Coding of the data may be in binary form or in multistate form. The former is often used but does result in a bias. It has been claimed that there is a constant scale factor between the two coding methods, and that allowance can be made for this. However, another study suggests that the topology may change

===Word lists===
The word slots are chosen to be as culture- and borrowing- free as possible. The original Swadesh lists are most commonly used but many others have been devised for particular purposes. Often these are shorter than Swadesh's preferred 100 item list. Kessler has written a book on "The Significance of Word Lists" while McMahon and McMahon carried out studies on the effects of reconstructability and retentiveness. The effect of increasing the number of slots has been studied and a law of diminishing returns found, with about 80 being found satisfactory. However some studies have used less than half this number.

Generally each cognate set is represented as a different character but differences between words can also be measured as a distance measurement by sound changes. Distances may also be measured letter by letter.

===Morphological features===
Traditionally these have been seen as more important than lexical ones and so some studies have put additional weighting on this type of character. Such features were included in the Ringe, Warnow and Taylor IE database for example. However other studies have omitted them.

===Typological features===
Examples of these features include glottalised constants, tone systems, accusative alignment in nouns, dual number, case number correspondence, object-verb order, and first person singular pronouns. These will be listed in the WALS database, though this is only sparsely populated for many languages yet.

==Probabilistic models==
Some analysis methods incorporate a statistical model of language evolution and use the properties of the model to estimate the evolution history. Statistical models are also used for simulation of data for testing purposes. A stochastic process can be used to describe how a set of characters evolves within a language. The probability with which a character will change can depend on the branch but not all characters evolve together, nor is the rate identical on all branches. It is often assumed that each character evolves independently but this is not always the case. Within a model borrowing and parallel development (homoplasy) may also be modelled, as well as polymorphisms.

===Effects of chance===
Chance resemblances produce a level of noise against which the required signal of relatedness has to be found. A study was carried out by Ringe into the effects of chance on the mass comparison method.

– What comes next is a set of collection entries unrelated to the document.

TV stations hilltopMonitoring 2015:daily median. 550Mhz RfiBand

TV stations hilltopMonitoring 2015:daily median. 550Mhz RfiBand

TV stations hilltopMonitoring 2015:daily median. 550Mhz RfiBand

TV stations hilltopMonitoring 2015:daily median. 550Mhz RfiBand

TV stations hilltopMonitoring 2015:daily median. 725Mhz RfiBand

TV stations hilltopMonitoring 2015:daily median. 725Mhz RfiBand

==Detection of borrowing==
Loanwords can severely affect the topology of a tree so efforts are made to exclude borrowings. However, undetected ones sometimes still exist. McMahon and McMahon showed that around 5% borrowing can affect the topology while 10% has significant effects. In networks borrowing produces reticulations. Minett and Wang examined ways of detecting borrowing automatically.

==Split dating==
Dating of language splits can be determined if it is known how the characters evolve along each branch of a tree. The simplest assumption is that all characters evolve at a single constant rate with time and that this is independent of the tree branch. This was the assumption made in glottochronology. However, studies soon showed that there was variation between languages, some probably due to the presence of unrecognised borrowing. A better approach is to allow rate variation, and the gamma distribution is usually used because of its mathematical convenience. Studies have also been carried out that show that the character replacement rate depends on the frequency of use. Widespread borrowing can bias divergence time estimates by making languages seem more similar and hence younger. However, this also makes the ancestor's branch length longer so that the root is unaffected.

==Types of analysis==
There is a need to understand how a language classification method works in order to determine its assumptions and limitations. It may only be valid under certain conditions or be suitable for small databases. The methods differ in their data requirements, their complexity and running time. The methods also differ in their optimisation criteria.

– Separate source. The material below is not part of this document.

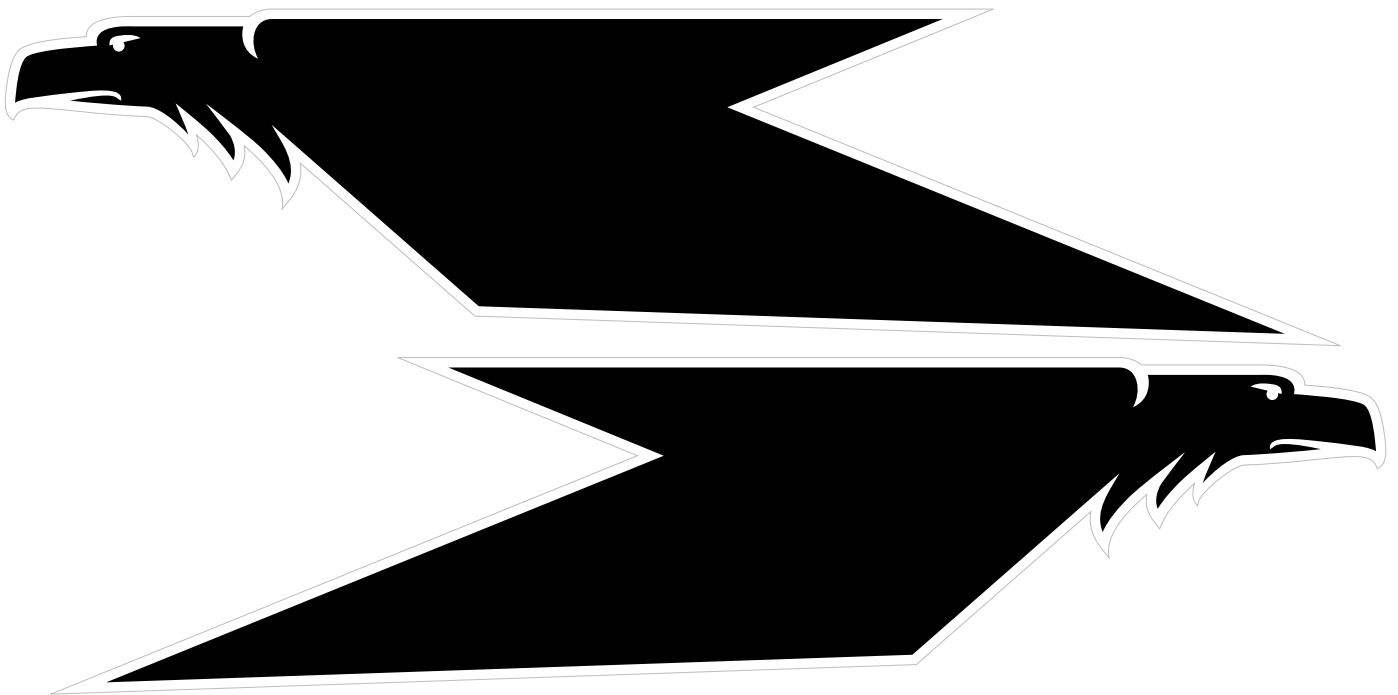

OVERVIEW / ÜBERSICHT

UNDERSURFACE / UNTERSEITE

TOP SURFACE / OBERSEITE

DECALS FOCKE WULF FW190 1/10 (GWS190) WWW.VOLLPILOT.DE 2007

DECALS FOCKE WULF FW190 1/10 (GWS190) WWW.VOLLPILOT.DE 2007

===Character based models===

====Maximum parsimony and maximum compatibility====
These two methods are similar but the maximum parsimony method's objective is to find the tree (or network) in which the minimum number of evolutionary changes occurs. In some implementations the characters can be given weights and then the objective is to minimise the total weighted sum of the changes. The analysis produces unrooted trees unless an outgroup is used or directed characters. Heuristics are used to find the best tree but optimisation is not guaranteed. The method is often implemented using the programs PAUP or TNT.

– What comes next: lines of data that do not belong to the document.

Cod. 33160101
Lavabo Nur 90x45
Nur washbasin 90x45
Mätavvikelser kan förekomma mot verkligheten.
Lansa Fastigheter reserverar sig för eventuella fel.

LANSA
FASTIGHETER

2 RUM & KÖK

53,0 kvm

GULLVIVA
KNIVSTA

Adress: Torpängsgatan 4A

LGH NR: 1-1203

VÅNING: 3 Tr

Maximum compatibility also uses characters, with the objective of finding the tree on which the maximum number of characters evolve without homoplasy. Again the characters can be weighted and when this occurs the objective is to maximise the sum of the weights of compatible characters. It also produces unrooted trees unless additional information is incorporated. There are no readily available heuristics available that are accurate with large databases. This method has only been used by Ringe's group.

====Perfect Phylogenetic Networks====
This method produces an explicit phylogenic network having an underlying tree with additional contact edges. Characters can be borrowed but evolve without homoplasy. To produce such networks, a graph-theoretic algorithm has been used.

====Gray and Atkinson's method====
The input lexical data is coded in binary form, with one character for each state of the original multi-state character. The method allows homoplasy and constraints on split times. A likelihood-based analysis method is used, with evolution expressed as a rate matrix. Cognate gain and loss is modelled with a gamma distribution to allow rate variation and with rate smoothing. Because of the vast number of possible trees with many languages, Bayesian inference is used to search for the optimal tree. A Markov Chain Monte Carlo algorithm generates a sample of trees as an approximation to the posterior probability distribution. A summary of this distribution can be provided as a greedy consensus tree or network with support values. The method also provides date estimates.

The method is accurate when the original characters are binary, and evolve identically and independently of each other under a rates-across-sites model with gamma distributed rates; the dates are accurate when the rate of change is constant. Understanding the performance of the method when the original characters are multi-state is more complicated, since the binary encoding produces characters that are not independent, while the method assumes independence.

====Nicholls and Gray's method====
This method is an outgrowth of Gray and Atkinson's. Rather than having two parameters for a character, this method uses three. The birth rate, death rate of a cognate are specified and its borrowing rate. The birth rate is a Poisson random variable with a single birth of a cognate class but separate deaths of branches are allowed (Dollo parsimony). The method does not allow homoplasy but allows polymorphism and constraints. Its major problem is that it cannot handle missing data (this issue has since been resolved by Ryder and Nicholls. Statistical techniques are used to fit the model to the data. Prior information may be incorporated and an MCMC research is made of possible reconstructions. The method has been applied to Gray and Nichol's database and seems to give similar results.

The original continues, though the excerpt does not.